Потемнел Евсейчик лицом. — Если уйдешь, — говорит, — я тебя, гад, на любом фронте сыщу, и кем бы ты не был — собственной рукой шлепну, паразит. Ступай. И знай — разговор еще не кончен. Может, я тебя за эту твою насквозь контрреволюционную выходку и после полной победы прищучу. Кровью свои слова искупи. Кровью, гад!!

Струхнул Никифор, выскочил из кабинета. Опять, однако, крутиться надо — Крюков здесь, Крюков там… Как-то подскочил Митька Котельников, секретарь: отпусти, Никифор Степаныч! — чуть не пристрелил, да. Наган не заряжен был.

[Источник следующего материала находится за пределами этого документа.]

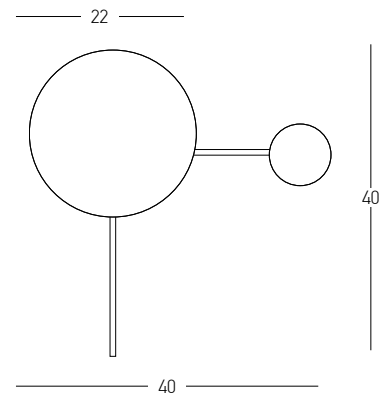

Bulb 1x G9 LED
Power 7W MAX
Input 220-240V, 50/60Hz
Dimensions L: 11cm W: 40cm H: 40cm
Material Metal - Opal Glass
Special Feature Opal Glass Ø: 8cm
Color Sandy Olive Green - Painted Gold / **Code 22201**

Ончилась мука в городе. Поехал снова по уезду, муку собирать. Давали мало, да к тому же неохотно ездили мужики в уезд с мукой — обозы вырезали по дороге. Иногда и так было: перехватит Крюков в деревнях несколько мешков, загрузит в пролетку, — погоняй, Никита!

И вот вернулся как-то таким образом он ночью в уезд. Отпустил Никиту с пролеткой и пошел к себе, в пустую избу. Утречком встал, потопал на службу, в уисполком. Идет себе тихонечко, думает, как бы уезд попроворнее к мировой революции сготовить. Тихо в городе. Вдруг слышит — вроде смеются где-то. Глаза от земли поднял — ох!.. — два офицера с молодухами у забора стоят. Задохнулся Никифор, за грудь схватился: этто што такое?!

А тут — ать! ать — целый взвод из проулка вываливает. Откуда только сила взялась: мигом забор перепорхнул; забежал за баню, стоит. Прошли вроде. Перебежал тогда огородами в другой проулок, и — бочком, бочком, — на окраину. Там забрался тихонько в старый сруб, перебился до вечера. Вот дела-то! Неуж покуда он за хлебом ездил, белые-то город взяли? Ох, ушлые. Да што делать-то счас. Ну, жись-жистянка, судьба-планидушка… Домой идти никак нельзя, как его еще ночью не дернули. А куда? Все время в срубе сидеть не будешь — опасно! — есть-пить надо, опять же. У Евдокии семья большая, не гоже ее под монастырь подводить. Вот беда.

И вспомнил тут Никифор, что имеет проживание в этих краях уисполкомовская пишбарышня, Манюня Усякина. Стал он думать — за и против. С одной стороны, Манюня как бывшая жена классового врага — пристава, сгинувшего неизвестно куда на первых днях революции, особого доверия не внушала. В уисполком ее приняли только потому, что ранее, до замужества с классовым врагом, она жила в губернском городе, где обучалась на курсах пишбарышень. Вот и пришлось посадить Манюню за реквизированный откуда-то Клюевым «ундервуд» — раз есть машинка, надо же кому-нибудь на ней и печатать. Ну, это ладно. Это одно. А другая сторона — не могло, все-таки, пройти для Манюни бесследно пребывание на почти партийной работе. Да она одних декретов напечатала — до конца жизни хватит! Если их читать, конечно. Тем более — она полностью лишена в последнее время влияния хоть и родственного, но классово безусловно чуждого элемента. И белые вряд ли до нее доберутся: приставчиха, как-никак! Ну, чего думать-то. Надо идти.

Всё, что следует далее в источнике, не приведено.